I know it is a Tadpole-stupid thing to hang onto all my life, but I never forgot that kid Timmy’s apparition; I mean, “The sighting of Jesus,” as he went up to Heaven. As a boy, I thought it was a true story, and I thought everyone could see the “divine lights” like I did.
I was sure of one thing. I had a vocation to be a priest. I was sure and certain beyond any shadow of a doubt that I was “called” by Jesus to be a representative of his on earth, and, as a boy and even later as a man, I thought I was here to help the poor and the people who were suffering, alone in fear, or modern slaves. I wanted to bring this light to everyone. I wanted to help the people who had never seen the light to see it. I wanted to share in the ministry to bring “seeing the light” to the suffering people who didn’t see the light.
Sermon after sermon, Bible reading after reading, stories about Jesus all talked of the light. It was everyday reality to me.
I had a harsh surprise when the day came to tell my father that I wanted to go to Mettray to study for the priesthood, with the priest teachers, not the regular high school at Assisi.

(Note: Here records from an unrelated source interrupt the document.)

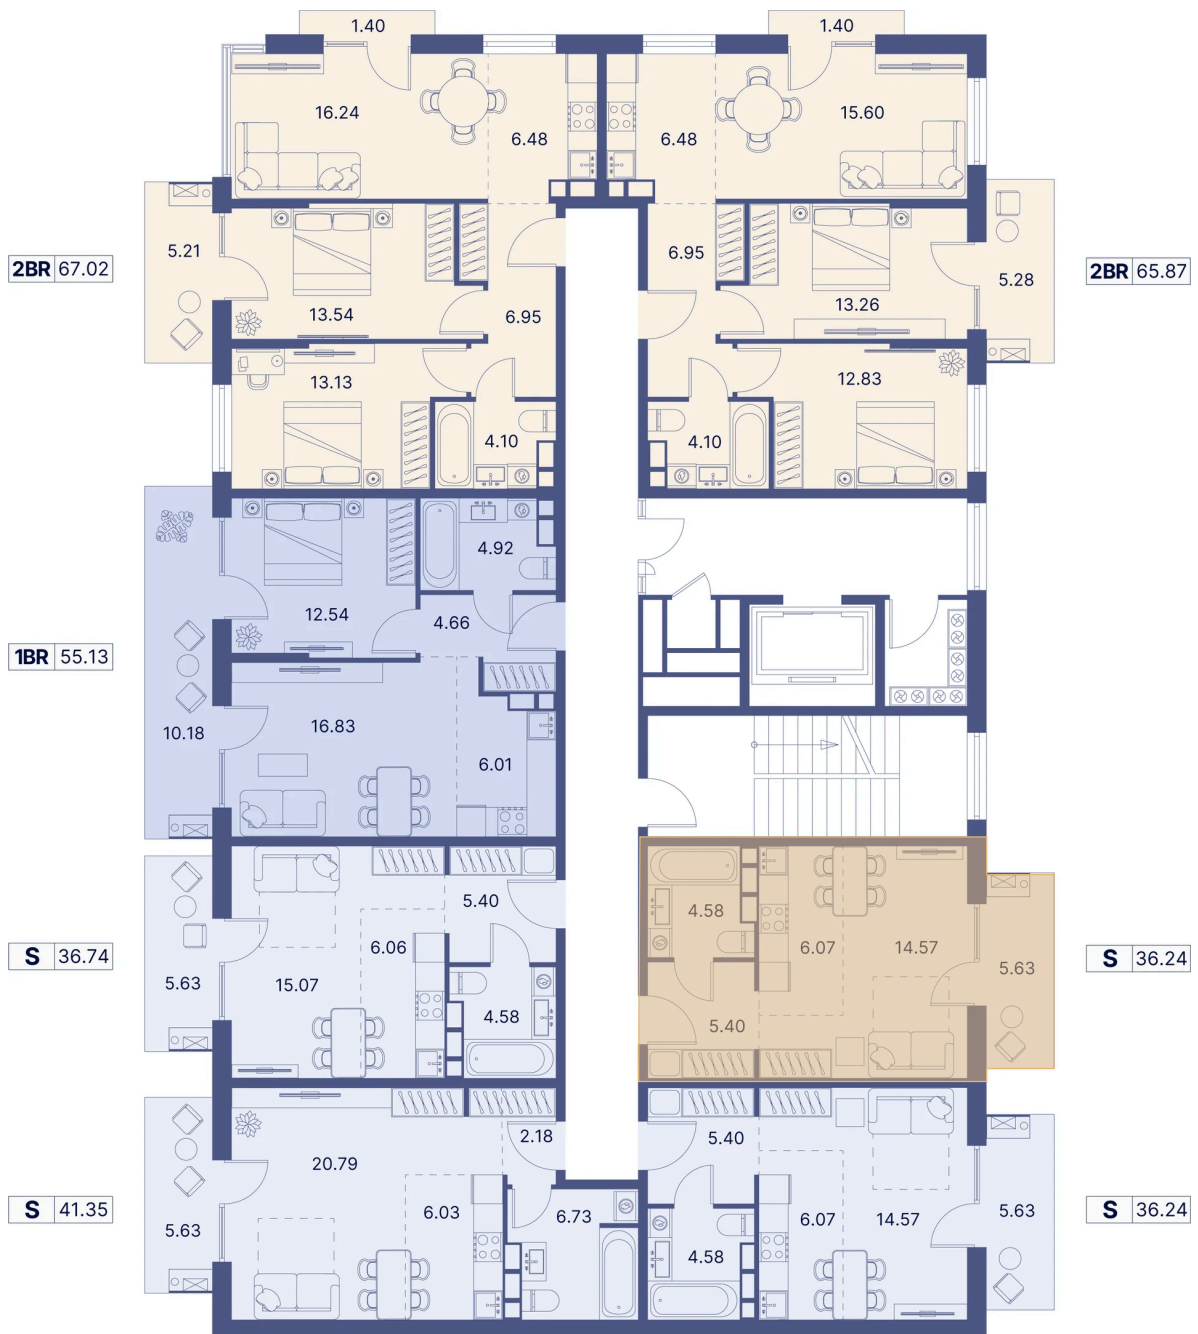

Номер: 132

Студия 42.83 м²

Отсканируйте QR-код и
смотрите на сайте
portdazur.com

Цена по запросу

Чистовая отделка

на бассейн

Корпус	Дом 2	Этаж	2
Секция	3		

25.05.2026 13:43 (Мск)

Не является публичной офертой, цена может быть скорректирована.
Информация взята с сайта «portdazur.com».

На этаже 2

Студия 42.83 м²

25.05.2026 13:43 (Мск)

Не является публичной офертой, цена может быть скорректирована.
Информация взята с сайта «portdazur.com».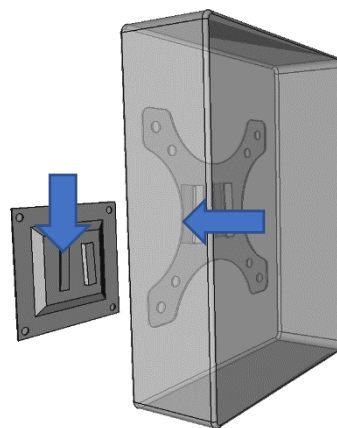

Quick Start

thermo sense - Cloud

(Temperaturmesssystem ONLINE)

Montage der Basisstation

Ausrichtung zueinander

Reichweite

Sonde deaktivieren

Reichweite

300 m im freien Feld
(ohne Hindernisse)

Positionierung im Material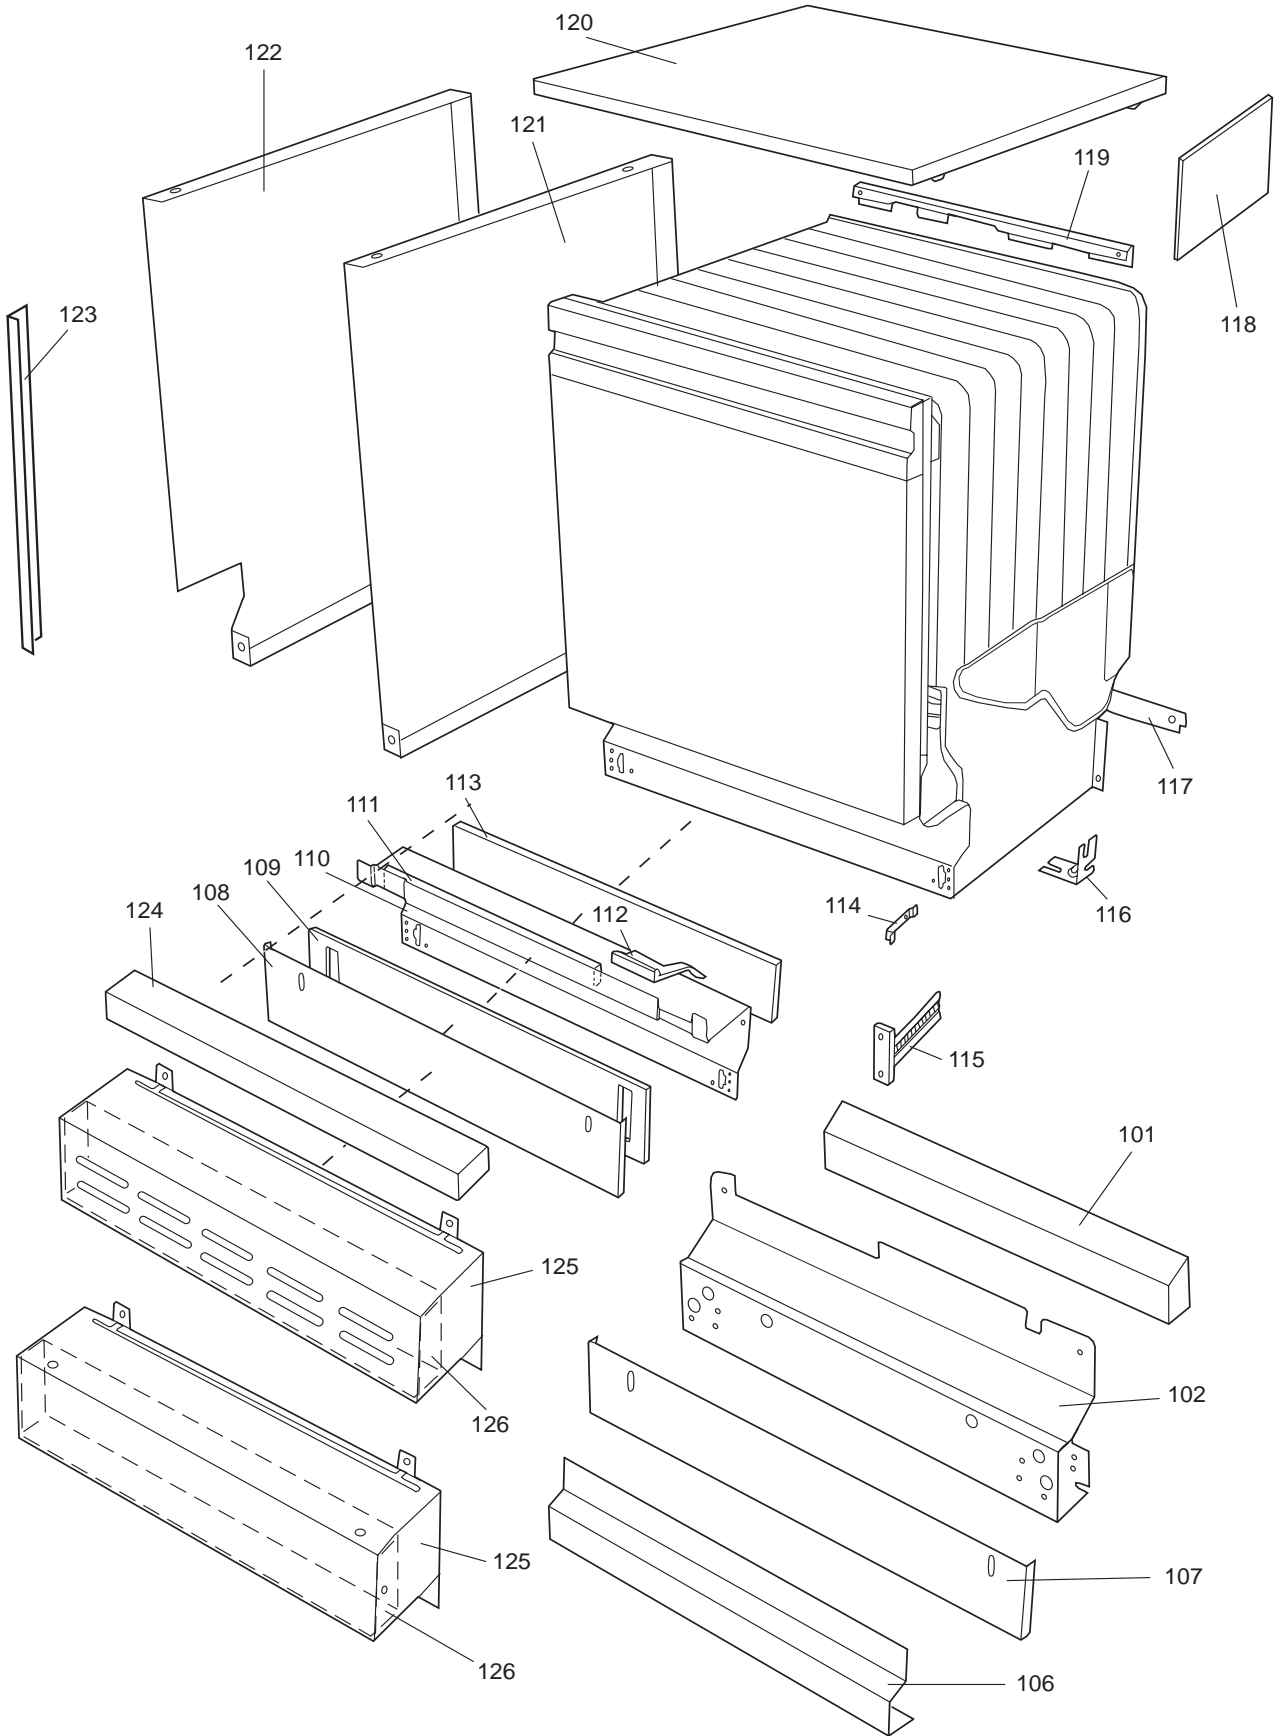

Datum
2003-03-24
Date

BEHÅLLARE

CONTAINER AND RELATED PARTS

Container and related parts

ASKO, 1375 US - Black Bi (DW952)

Pos	Spare part No.	Description	Qty	Comment
201	8057977	Bearing Upper Rail 05/06 DW	8 Pcs	
202	8058638-77	Ball Holder, Upper Rail DW	2 Pcs	
203	8057979-77	Rack Stop Grey 05/06 DW	2 Pcs	
204	8057052	Guide Rail '05 '06 DW	2 Pcs	
205	8057978-77	Rail Stop - Back Grey 05/06	2 Pcs	
206	8057489	Tub Seal 05/06 DW	1 Pcs	
208	8801098	Lock Catch Kit 05'06 D/W	1 Pcs	
210	8057077	Heating Element DW 05/06 140	1 Pcs	
210	8002370	Protective Collar	2 Pcs	
211	8901110	Screw w/O-Ring DW 05/06 25-T	4 Pcs	
212	8070613	Sealing Strip Casing	1 Pcs	
215	8059896	T-Stat 05/06 30-70C DW	1 Pcs	
216	8002579	T-Stat 05/06 DW Overheat	1 Pcs	
217	8059774	T-Stat 1385 -1706- 1716 52C	1 Pcs	
222	8070142	Cable holder, rear 05	1 Pcs	
223	8058495	Cable holder, door 05	1 Pcs	
225	8057523	Bottom and Side support '05	1 Pcs	
229	8050251	Terminal Block DW All	1 Pcs	
229-a	8900357	Screw, terminal block	1 Pcs	
230	8059991	Cable holder, supply line 05	1 Pcs	
231	8006948	Grommet	1 Pcs	
232	8058491-77	Door Spring 05/06 for 0-7 lb	2 Pcs	
233	8057062	Subs to 8074877	4 Pcs	
234	8901156	Nut, Levelling Legs	4 Pcs	
236	8072119	Washer	4 Pcs	
241	8060255	No longer Avail. po# 8008- H	1 Pcs	
242	8070495	Inlet Valve Mount	1 Pcs	
242-a	8900327	Screw 20 Torx, Self Tapping	2 Pcs	
243	8059761-29	Filler Strip - Left DW - Bla	1 Pcs	
243	8059762-29	Filler Strip, Right 05/06 DW	1 Pcs	
243-a	8900646	Screw 20 Torx SS	4 Pcs	
244	8070614	Insulation,fill strip 05&06	2 Pcs

It was a harsh surprise the way my father was so mean and angry about it. He began fussing at me, and telling my mother to shut up because she didn’t know anything and I was absolutely not going to go to that damn priest factory! He talked angrily about the lying priests and the “damned” church until I cried; finally, he went out to his study, and Mother comforted me.
I got scared for my daddy: he was so angry I thought he was getting sick. I didn’t know it was, partly, an act to test me, to make sure I made this decision and was going to stick with it. I was used to him testing me to make sure I was not being a bad kid, someone who said one thing and did another. But his anger was real, and I began to fear him more. I went to bed many nights that summer not knowing what I’d say or do the next day. During the dark of night, I’d see him standing in the door of my room, watching me like a shadow of a man, a ghost; I was afraid he would come to my bed, tear off the covers, and yell at me. He came to the door every night and stood there, a black figure in the darkness. I never knew why he stood there staring at me for long times during the dark night.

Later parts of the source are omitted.